(Records from a data collection)
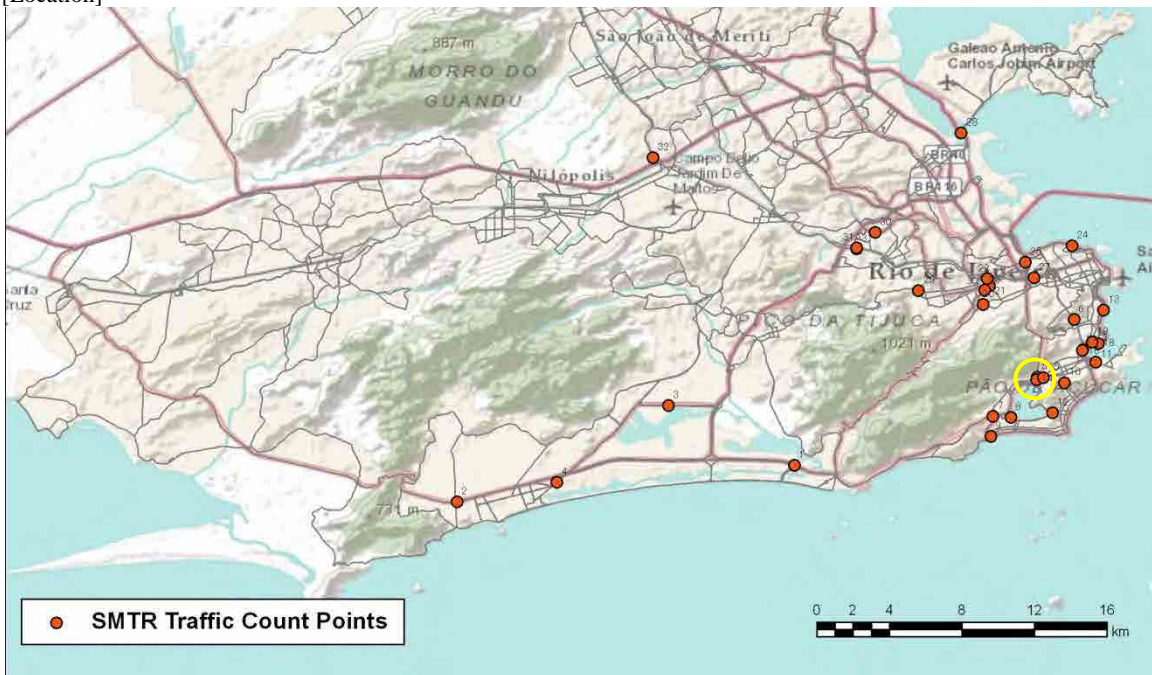

Post	Local	Volumetric count	
		Date	Duration
14	JardimBotanico	27/09/2011	06:00 - 19:59

[Location]
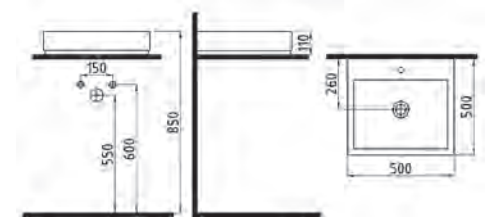

SEMI PEDESTAL
32 CM
INAA03201V00W5000
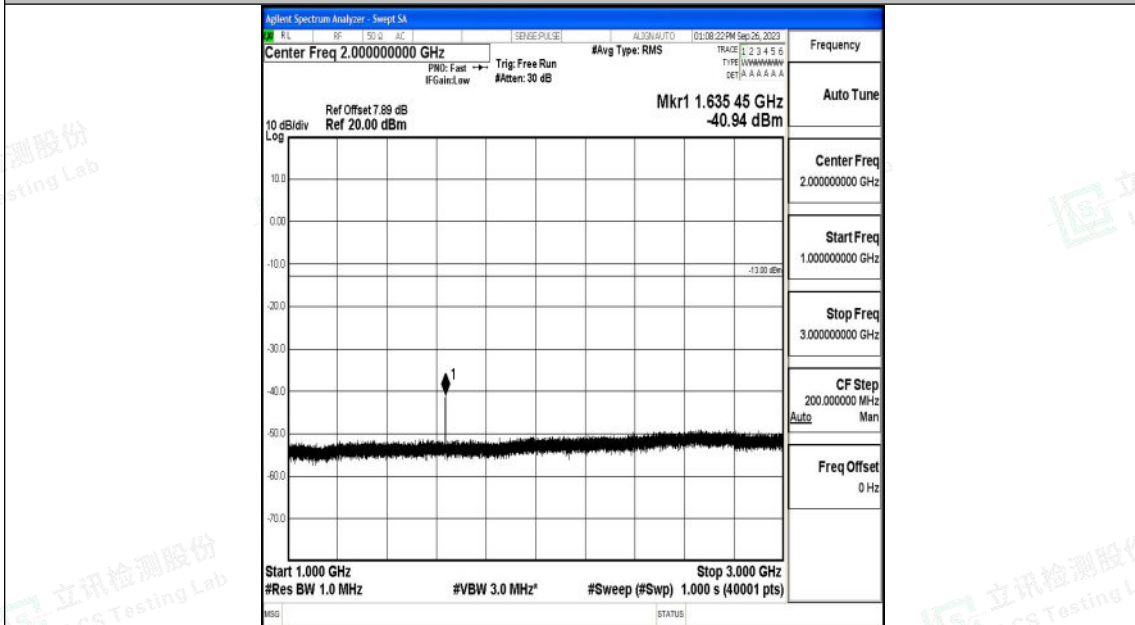

Band26_3MHz_QPSK_26740_1RB#0_1000~3000_1000~3000

Shenzhen LCS Compliance Testing Laboratory Ltd.
Add: 101, 201 Bldg A & 301 Bldg C, Juji Industrial Park Yabianxueziwei, Shajing Street,
Baoan District, Shenzhen, 518000, China
Tel: +(86) 0755-82591330 | E-mail: webmaster@lcs-cert.com | Web: www.lcs-cert.com
Scan code to check authenticity
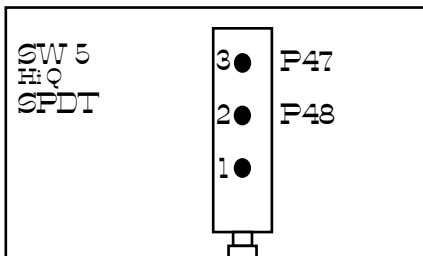

Switch Master

Position

Pad Number

Pad Number

Pad Number

- Freq
- 1 Off
 - 2 27Hz
 - 3 47Hz
 - 4 82Hz
 - 5 150Hz
 - 6 270Hz

To Position 6A Lower Filter Switch

Upper Filter Switch

Switch Type
3 Pole x 6 Position

Lower Filter Switch

Switch Type
3 Pole x 6 Position
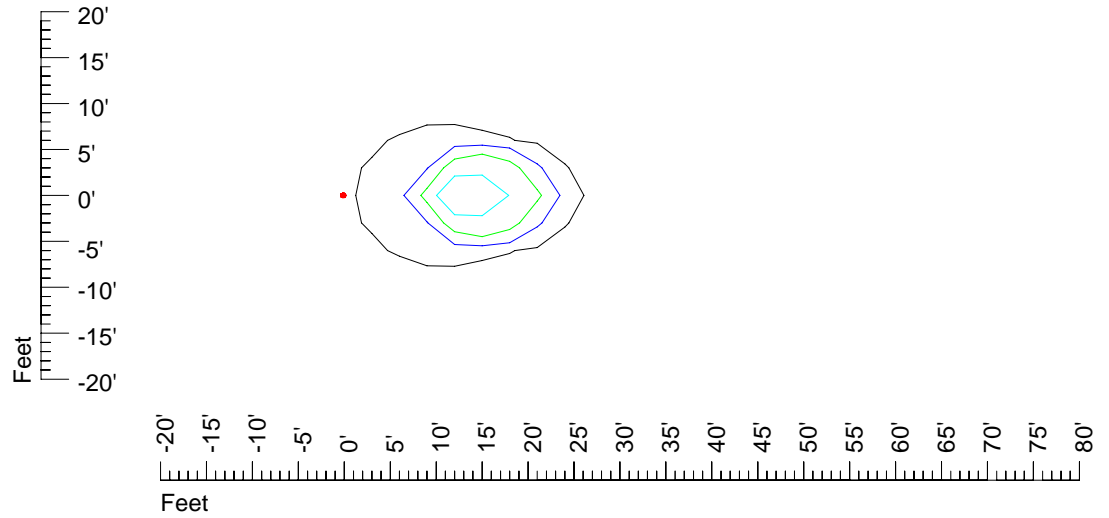

Mounting height 15' Tilt 0°

Mounting height 15' Tilt 30°

Mounting height 15' Tilt 15°

Mounting height 15' Tilt 45°

IES Photometric files H 7557

Isoline template 20' mounting height

Isoline values — 0.1 fc — 0.25 fc — 0.5 fc — 1.0 fc — 2.0 fc
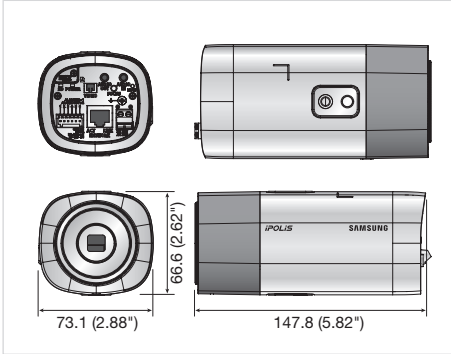

Dimensions

Unit : mm (inch)

Accessory (Optional)

VIDEO	
Imaging Device	1/2.8" PS 3.2M CMOS
Total Pixels	2,065(H) x 1,565(V)
Effective Pixels	2,065(H) x 1,553(V)
Scanning System	Progressive
Min. Illumination	Color : 0.1Lux (F1.2, 50IRE), 0.06Lux (F1.2, 30IRE) B/W : 0.01Lux (F1.2, 50IRE), 0.006Lux (F1.2, 30IRE)
S / N Ratio	50dB
Video Output	CVBS : 1.0 Vp-p / 75Ω composite, 720 x 480(N), 720 x 576(P), for installation DIP connector type
LENS	
Focus Control	Simple focus (Motorized V/F) / Manual, Remote control via network (Manual, Simple focus, Day & Night)
Lens Type	Manual / DC auto iris, P-Iris
Mount Type	C / CS
OPERATIONAL	
Camera Title	Off / On (Displayed up to 45 characters)
Day & Night	Auto (ICR) / Color / B/W / External / Schedule
Backlight Compensation	Off / BLC / WDR
Wide Dynamic Range	120dB
Contrast Enhancement	SSDR (Samsung Super Dynamic Range) (Off / On)
Digital Noise Reduction	SSNRIII (2D+3D noise filter) (Off / On)
Digital Image Stabilization	Off / On
Defog	Off / Auto / Manual
Motion Detection	Off / On (4 zones with 4-sided polygon)
Privacy Masking	Off / On (32 zones with 4-sided polygon)
Gain Control	Off / Low / Middle / High
White Balance	ATW / AWC / Manual / Indoor / Outdoor
Electronic Shutter Speed	Minimum / Maximum / Anti flicker (1 ~ 1/12,000sec)
Flip / Mirror	Off / On
Intelligent Video Analytics	Tampering, Virtual line, Enter / Exit, Appear / Disappear, Audio detection, Face detection with metadata
Alarm I/O	Input 1ea / Output 1ea
Remote Control Interface	RS-485
RS-485 Protocol	Samsung-T/E, Pelco-P/D, Sungjin, Panasonic, Honeywell, AD, Vicon, GE, Bosch
Alarm Triggers	Motion detection, Tampering, Audio detection, Face detection, Network disconnection, Video analytics, Alarm input
Alarm Events	File upload via FTP and E-mail, Notification via E-mail, Local storage (SD/SDHC/SDXC) or NAS recording at Event, External output
NETWORK	
Ethernet	RJ-45 (10/100BASE-T)
Video Compression Format	H.264 (MPEG-4 part 10/AVC), MJPEG
Resolution	2048 x 1536, 1920 x 1080, 1600 x 1200, 1280 x 1024, 1280 x 960, 1280 x 720, 1024 x 768, 800 x 600, 800 x 450, 640 x 480, 640 x 360, 320 x 240, 320 x 180
Max. Framerate	H.264 : Max. 30fps@2048 x 1536, Max 60fps@the other resolutions MJPEG : Max. 10fps@2048 x 1536 Max. 15fps@1920 x 1080, 1600 x 1200, 1280 x 1024, 1280 x 960, 1280 x 720, 1024 x 768 Max. 30fps@800 x 600, 800 x 450, 640 x 480, 640 x 360, 320 x 240, 320 x 180
Smart Codec	Manual mode (Area-based : 5ea), Face detection mode
Video Quality Adjustment	H.264 : Compression level, Target bitrate level control, MJPEG : Quality level control
Bitrate Control Method	H.264 : CBR or VBR, MJPEG : VBR
Streaming Capability	Multiple streaming (Up to 10 profiles)
Audio In	Selectable (Mic in / Line in / Built-in mic), Supply voltage : 2.5V DC (4mA), Input impedance : approx. 2K Ohm
Audio Out	Line out (3.5mm mono jack), Max output level : 1 Vrms
Audio Compression Format	G.711 u-law / G.726 selectable, G.726 (ADPCM) 8KHz, G.711 8KHz G.726 : 16Kbps, 24Kbps, 32Kbps, 40Kbps
Audio Communication	Bi-directional audio
IP	IPv4, IPv6
Protocol	TCP/IP, UDP/IP, RTP(UDP), RTP(TCP), RTCP,RTSP, NTP, HTTP, HTTPS, SSL, DHCP, PPPoE, FTP, SMTP, ICMP, IGMP, SNMPv1/v2c/v3(MIB-2), ARP, DNS, DDNS, QoS, PIM-SM, UPnP, Bonjour
Security	HTTPS(SSL) login authentication, Digest login authentication IP address filtering, User access log, 802.1x authentication
Streaming Method	Unicast / Multicast
Max. User Access	15 users at unicast mode
Edge Storage	micro SD/SDHC/SDXC - Motion images recorded in the SDXC/SDHC/SD memory card can be downloaded NAS (Network Attached Storage)
Application Programming Interfac	ONVIF profile S, SUNAPI (HTTP API), SVNP 1.2
Webpage Language	English, French, German, Spanish, Italian, Chinese, Korean, Russian, Japanese, Swedish, Danish, Portuguese, Turkish, Polish, Czech, Rumanian, Serbian, Dutch, Croatian, Hungarian, Greek, Norwegian, Finnish
Web Viewer	Supported OS : Windows XP / VISTA / 7 / 8, MAC OS X 10.7 Supported Browser : Microsoft Internet Explorer (Ver. 10, 9, 8), Mozilla Firefox (Ver. 19, 18, 17, 16, 15, 14, 13, 12, 11, 10, 9), Google Chrome (Ver. 25, 24, 23, 22, 21, 20, 19, 18, 17, 16, 15), Apple Safari (Ver. 6.0.2(Mac OS X 10.8, 10.7 only), 5.1.7) * Mac OS X only
Central Management Software	SmartViewer, SSM
ENVIRONMENTAL	
Operating Temperature / Humidity	-10°C ~ +55°C (+14°F ~ +131°F) / Less than 90% RH
Storage Temperature / Humidity	-30°C ~ +60°C (-22°F ~ +140°F) / Less than 90% RH
ELECTRICAL	
Input Voltage / Current	24V AC, 12V DC, PoE (IEEE802.3af class3)
Power Consumption	Max. 11.1W (12V DC), Max. 12.6W (PoE), Max. 13.1W (24V AC, 50 ~ 60Hz)
MECHANICAL	
Color / Material	Black, Ivory / Aluminium, Plastic
Dimensions (WxHxD)	73.1 x 66.6 x 147.8mm (2.88" x 2.62" x 5.82")
Weight	430g (0.95 lb)

> [What is needed]: Give back the data exactly. Skip any images.

> [Answer area]:
Post	Local	Volumetric count	
		Date	Duration
14	JardimBotanico	27/09/2011	06:00 - 19:59

[Location]

SEMI PEDESTAL
32 CM
INAA03201V00W5000

Band26_3MHz_QPSK_26740_1RB#0_1000~3000_1000~3000

Shenzhen LCS Compliance Testing Laboratory Ltd.
Add: 101, 201 Bldg A & 301 Bldg C, Juji Industrial Park Yabianxueziwei, Shajing Street,
Baoan District, Shenzhen, 518000, China
Tel: +(86) 0755-82591330 | E-mail: webmaster@lcs-cert.com | Web: www.lcs-cert.com
Scan code to check authenticity

Switch Master

Position

Pad Number

Pad Number

Pad Number

- Freq
- 1 Off
 - 2 27Hz
 - 3 47Hz
 - 4 82Hz
 - 5 150Hz
 - 6 270Hz

To Position 6A Lower Filter Switch

Upper Filter Switch

Switch Type
3 Pole x 6 Position

Lower Filter Switch

Switch Type
3 Pole x 6 Position

Mounting height 15' Tilt 0°

Mounting height 15' Tilt 30°

Mounting height 15' Tilt 15°

Mounting height 15' Tilt 45°

IES Photometric files H 7557

Isoline template 20' mounting height

Isoline values — 0.1 fc — 0.25 fc — 0.5 fc — 1.0 fc — 2.0 fc

Dimensions

Unit : mm (inch)

Accessory (Optional)

VIDEO	
Imaging Device	1/2.8" PS 3.2M CMOS
Total Pixels	2,065(H) x 1,565(V)
Effective Pixels	2,065(H) x 1,553(V)
Scanning System	Progressive
Min. Illumination	Color : 0.1Lux (F1.2, 50IRE), 0.06Lux (F1.2, 30IRE) B/W : 0.01Lux (F1.2, 50IRE), 0.006Lux (F1.2, 30IRE)
S / N Ratio	50dB
Video Output	CVBS : 1.0 Vp-p / 75Ω composite, 720 x 480(N), 720 x 576(P), for installation DIP connector type
LENS	
Focus Control	Simple focus (Motorized V/F) / Manual, Remote control via network (Manual, Simple focus, Day & Night)
Lens Type	Manual / DC auto iris, P-Iris
Mount Type	C / CS
OPERATIONAL	
Camera Title	Off / On (Displayed up to 45 characters)
Day & Night	Auto (ICR) / Color / B/W / External / Schedule
Backlight Compensation	Off / BLC / WDR
Wide Dynamic Range	120dB
Contrast Enhancement	SSDR (Samsung Super Dynamic Range) (Off / On)
Digital Noise Reduction	SSNRIII (2D+3D noise filter) (Off / On)
Digital Image Stabilization	Off / On
Defog	Off / Auto / Manual
Motion Detection	Off / On (4 zones with 4-sided polygon)
Privacy Masking	Off / On (32 zones with 4-sided polygon)
Gain Control	Off / Low / Middle / High
White Balance	ATW / AWC / Manual / Indoor / Outdoor
Electronic Shutter Speed	Minimum / Maximum / Anti flicker (1 ~ 1/12,000sec)
Flip / Mirror	Off / On
Intelligent Video Analytics	Tampering, Virtual line, Enter / Exit, Appear / Disappear, Audio detection, Face detection with metadata
Alarm I/O	Input 1ea / Output 1ea
Remote Control Interface	RS-485
RS-485 Protocol	Samsung-T/E, Pelco-P/D, Sungjin, Panasonic, Honeywell, AD, Vicon, GE, Bosch
Alarm Triggers	Motion detection, Tampering, Audio detection, Face detection, Network disconnection, Video analytics, Alarm input
Alarm Events	File upload via FTP and E-mail, Notification via E-mail, Local storage (SD/SDHC/SDXC) or NAS recording at Event, External output
NETWORK	
Ethernet	RJ-45 (10/100BASE-T)
Video Compression Format	H.264 (MPEG-4 part 10/AVC), MJPEG
Resolution	2048 x 1536, 1920 x 1080, 1600 x 1200, 1280 x 1024, 1280 x 960, 1280 x 720, 1024 x 768, 800 x 600, 800 x 450, 640 x 480, 640 x 360, 320 x 240, 320 x 180
Max. Framerate	H.264 : Max. 30fps@2048 x 1536, Max 60fps@the other resolutions MJPEG : Max. 10fps@2048 x 1536 Max. 15fps@1920 x 1080, 1600 x 1200, 1280 x 1024, 1280 x 960, 1280 x 720, 1024 x 768 Max. 30fps@800 x 600, 800 x 450, 640 x 480, 640 x 360, 320 x 240, 320 x 180
Smart Codec	Manual mode (Area-based : 5ea), Face detection mode
Video Quality Adjustment	H.264 : Compression level, Target bitrate level control, MJPEG : Quality level control
Bitrate Control Method	H.264 : CBR or VBR, MJPEG : VBR
Streaming Capability	Multiple streaming (Up to 10 profiles)
Audio In	Selectable (Mic in / Line in / Built-in mic), Supply voltage : 2.5V DC (4mA), Input impedance : approx. 2K Ohm
Audio Out	Line out (3.5mm mono jack), Max output level : 1 Vrms
Audio Compression Format	G.711 u-law / G.726 selectable, G.726 (ADPCM) 8KHz, G.711 8KHz G.726 : 16Kbps, 24Kbps, 32Kbps, 40Kbps
Audio Communication	Bi-directional audio
IP	IPv4, IPv6
Protocol	TCP/IP, UDP/IP, RTP(UDP), RTP(TCP), RTCP,RTSP, NTP, HTTP, HTTPS, SSL, DHCP, PPPoE, FTP, SMTP, ICMP, IGMP, SNMPv1/v2c/v3(MIB-2), ARP, DNS, DDNS, QoS, PIM-SM, UPnP, Bonjour
Security	HTTPS(SSL) login authentication, Digest login authentication IP address filtering, User access log, 802.1x authentication
Streaming Method	Unicast / Multicast
Max. User Access	15 users at unicast mode
Edge Storage	micro SD/SDHC/SDXC - Motion images recorded in the SDXC/SDHC/SD memory card can be downloaded NAS (Network Attached Storage)
Application Programming Interfac	ONVIF profile S, SUNAPI (HTTP API), SVNP 1.2
Webpage Language	English, French, German, Spanish, Italian, Chinese, Korean, Russian, Japanese, Swedish, Danish, Portuguese, Turkish, Polish, Czech, Rumanian, Serbian, Dutch, Croatian, Hungarian, Greek, Norwegian, Finnish
Web Viewer	Supported OS : Windows XP / VISTA / 7 / 8, MAC OS X 10.7 Supported Browser : Microsoft Internet Explorer (Ver. 10, 9, 8), Mozilla Firefox (Ver. 19, 18, 17, 16, 15, 14, 13, 12, 11, 10, 9), Google Chrome (Ver. 25, 24, 23, 22, 21, 20, 19, 18, 17, 16, 15), Apple Safari (Ver. 6.0.2(Mac OS X 10.8, 10.7 only), 5.1.7) * Mac OS X only
Central Management Software	SmartViewer, SSM
ENVIRONMENTAL	
Operating Temperature / Humidity	-10°C ~ +55°C (+14°F ~ +131°F) / Less than 90% RH
Storage Temperature / Humidity	-30°C ~ +60°C (-22°F ~ +140°F) / Less than 90% RH
ELECTRICAL	
Input Voltage / Current	24V AC, 12V DC, PoE (IEEE802.3af class3)
Power Consumption	Max. 11.1W (12V DC), Max. 12.6W (PoE), Max. 13.1W (24V AC, 50 ~ 60Hz)
MECHANICAL	
Color / Material	Black, Ivory / Aluminium, Plastic
Dimensions (WxHxD)	73.1 x 66.6 x 147.8mm (2.88" x 2.62" x 5.82")
Weight	430g (0.95 lb)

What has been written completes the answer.